On flights in lower use airspace, at lower altitudes, and with the appropriate ATC controls in place (agreements allowing controllers to do that across into someone else's airspace) it's possible to get a filed GPS direct route approved. I've done so on trips in the 200-300 mile range before.

On longer trips, you don't necessarily have to use the airways. It's often possible to get waypoints at the ingress/egress of airspace, which you can go direct between (off airway).

Answer 6

It's like a lot of systems that evolve. If we started today, we might do it differently.

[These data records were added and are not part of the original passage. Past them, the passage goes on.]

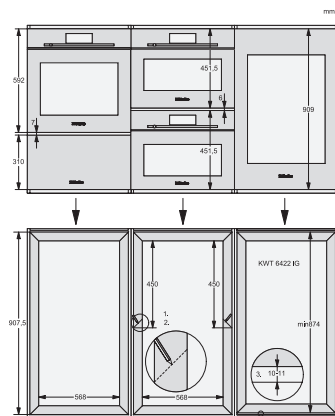

KWT 6422 iG-1

Vinskap for innbygging

med FlexiFrame og Push2open for kvalitetsbevisste vinelskere.

EAN: 4002516813385 / Materialnummer: 12615910 /  
Gammelt materialnummer: 36642228EU1

Vinsone i l	104
Totalt nyttevolum i l	104
Plass til antall 0,75 l flasker Bordeaux	33 flasker
Lydnivåklasse (A-D)	B
Støyutslipp i dB(A) re1pW	32
Strømforbruk i milliampere (mA)	1000
Spenning i V	220-240
Sikring i A	10
Faseantall	1
Frekvens i Hz	50-60
Lengde på elektrisk ledning i m	2,0
<b>Vedlagt tilbehør</b>	
Active AirClean-filter	•

## KWT 6422 iG-1

Vinskop for innbygging med FlexiFrame og Push2open for kvalitetsbevisste vinelskere.

KWT6422iG, KWT6422iG-1, Installation draw

KWT6422iG, KWT6422iG-1, Installation draw, side view

KWT6422iG, KWT6422iG-1, Installation draw

KWT6422iG, KWT6422iG-1, Installation draw, side view

ENB1060, combination 2x45er + KWT6422iG, Installation draw

KWT6422iG, KWT6422iG-1, Interior dimensions (Installation drawings)

ENB1060, combination 60er & 32er ESW + 2x45er + KWT6422iG, Installation draw
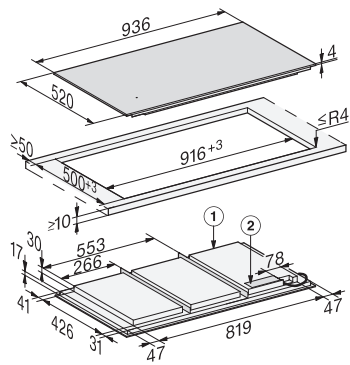

KM 7897-1 FL Diamond
Losse inductiekookplaat
met FullSurface inductie en DiamondFinish voor langdurig kookplezier

KM7697FL, KM7897FL, KM7897-1FLDiamond, KM7897-2FL Diamond (installation drawings) – on-set
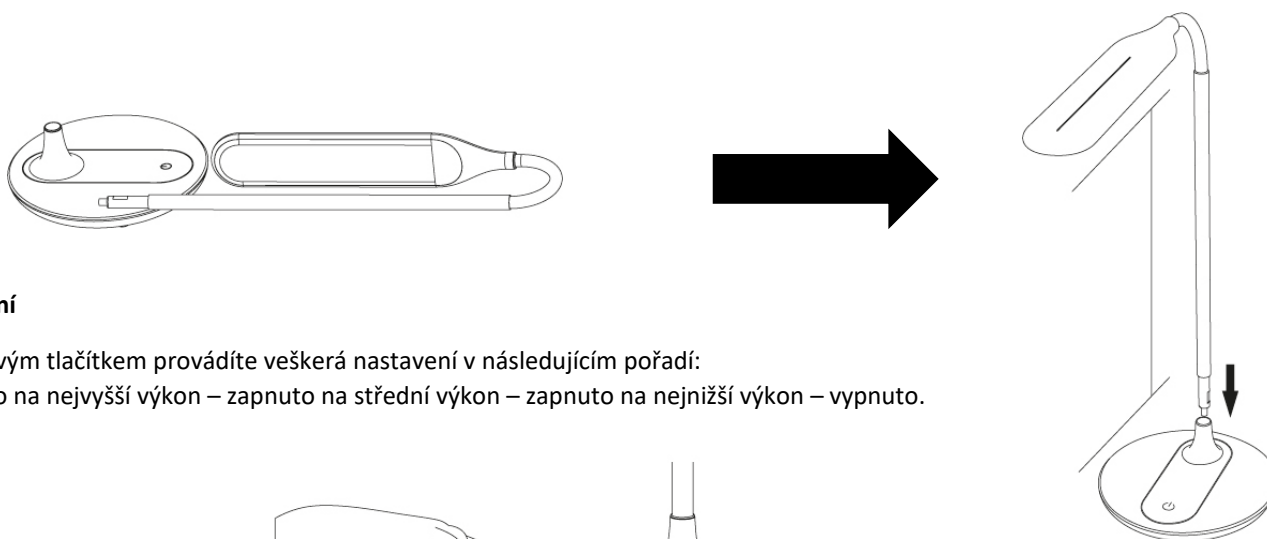

Balení obsahuje: 1x lampičku, 1x napájecí kabel, 1x uživatelský manuál. Pokud některá ze součástí chybí, obraťte se na svého prodejce.

Popis

Montáž

1. Nasadíte rameno na základnu dle obrázku níže
2. Zapojte napájecí kabel do lampičky a do napájecího adaptéru. Ten poté zastrčte do elektrické zásuvky ve zdi.

Ovládání

Dotykovým tlačítkem provádíte veškerá nastavení v následujícím pořadí:
Zapnuto na nejvyšší výkon – zapnuto na střední výkon – zapnuto na nejnižší výkon – vypnuto.

Specifikace

Jmenovitý výkon	6W
Jmenovité napětí	5V
Jmenovitý proud	1A
Materiál	ABS+PC+Silikon
Provozní teplota	-20 až +45°C
Rozměry	250 x 165 x 400mm
Hmotnost	535g
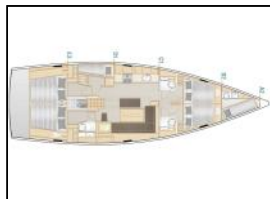

Segelyacht Hanse 508 Khaleesi

Yacht ID:	10085
Yacht type:	Segelyacht
Yacht:	Hanse 508 Khaleesi
Marina:	Kroatien / Marina Kastela
Production year:	2020
Cabins:	5 + 1
Deposit:	2.500,00 €

Bordküche: Backofen, Herd, Kühlschrank, Pantryausrüstung, Tiefkühlfach, Warmes Wasser,
Deckausrüstung: Badeplattform, Beiboot, Bimini Top, Cockpittisch, Elektrische Ankerwinde, Heckdusche, Sprayhood, Teakholz im Cockpit,
Komfort: Bettwäsche, Cockpit Kissen,
Navigation: Autopilot, Bugstrahlruder, GPS Kartenplotter - Cockpit, Hafenhandbuch, Seekarten und nautische Reiseführer, Tridata,
Segel: Electric primary winch,
Sicherheitsausrüstung: UKW Funk,
Unterhaltung: Außenlautsprecher, Radio CD-Spieler, TV,
Yachtelektrik: Inverter, Ladegerät,
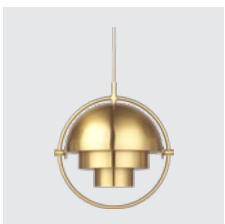

Multi-Lite Pendant - Small

Item Nr - EU & UK	Color
Brass Base	
10032993	Shiny Brass
10032996	Black
10032994	White
Chrome Base	
10029951	Chrome
10032997	Black

Multi-Lite Collection
Louis Weisdorf
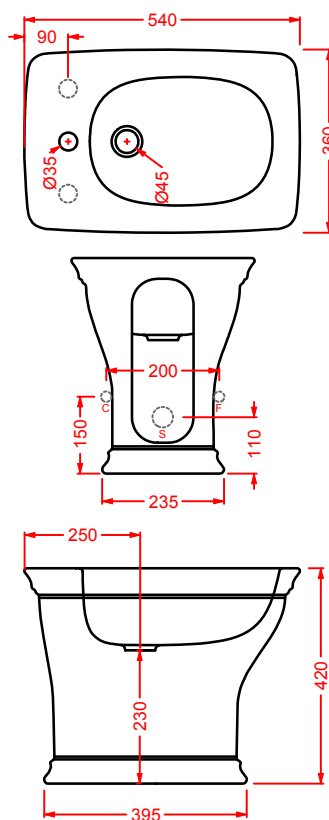

CIB002 CIVITAS

bidet terra
floor bidet
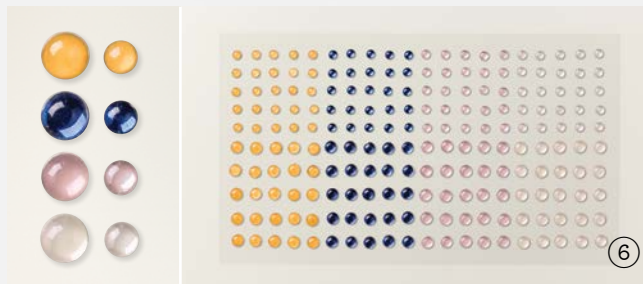

REVERSIBLES™

(WENDESTEMPEL)

Unsere Reversibles (Wendestempel) verdoppeln Ihren Kreativspaß! Diese speziellen Klarsichtstempel bieten jeweils auf der Vorder- und Rückseite Motive zum Stempeln. Die gesamte Auswahl an Wendestempeln finden Sie auf stampinup.de, stampinup.at bzw. stampinup.be/de mit dem Suchwort „Reversibles“.

Klarsicht •   

Die Produktreihen-Kollektion beinhaltet jeweils einen der auf der nächsten Seite aufgeführten Artikel.

①

②

③

④

⑤

⑥

The analogy with cars is a poor one because, for the most part, there are a very small number of aircraft in a very large amount of airspace and it would be hard to justify the use of airways. So starting from the standpoint that every aircraft accurately knows:

a) Its location, heading, velocity vectors, fuel data, flight constraints and destination etc;

b) The same information for all other aircraft in its vicinity (this could cover quite a large volume in practice);

c) The terrain and weather conditions etc.

Then it becomes a really interesting combinational problem to solve in the context of an autonomous distributed computer system; i.e. no ATC - all handled by cooperating in-flight systems.

Clearly there are significant points where paths must cross because of the geographical positions of airports, and of course the dynamic scheduling of arrivals and departures at airports; not to mention the handling of unexpected events.

For a computer scientist this is all fascinating and a meaty challenge, but I suspect that it would be very difficult to develop a system of autonomous control based on this approach to the point that it could be trusted!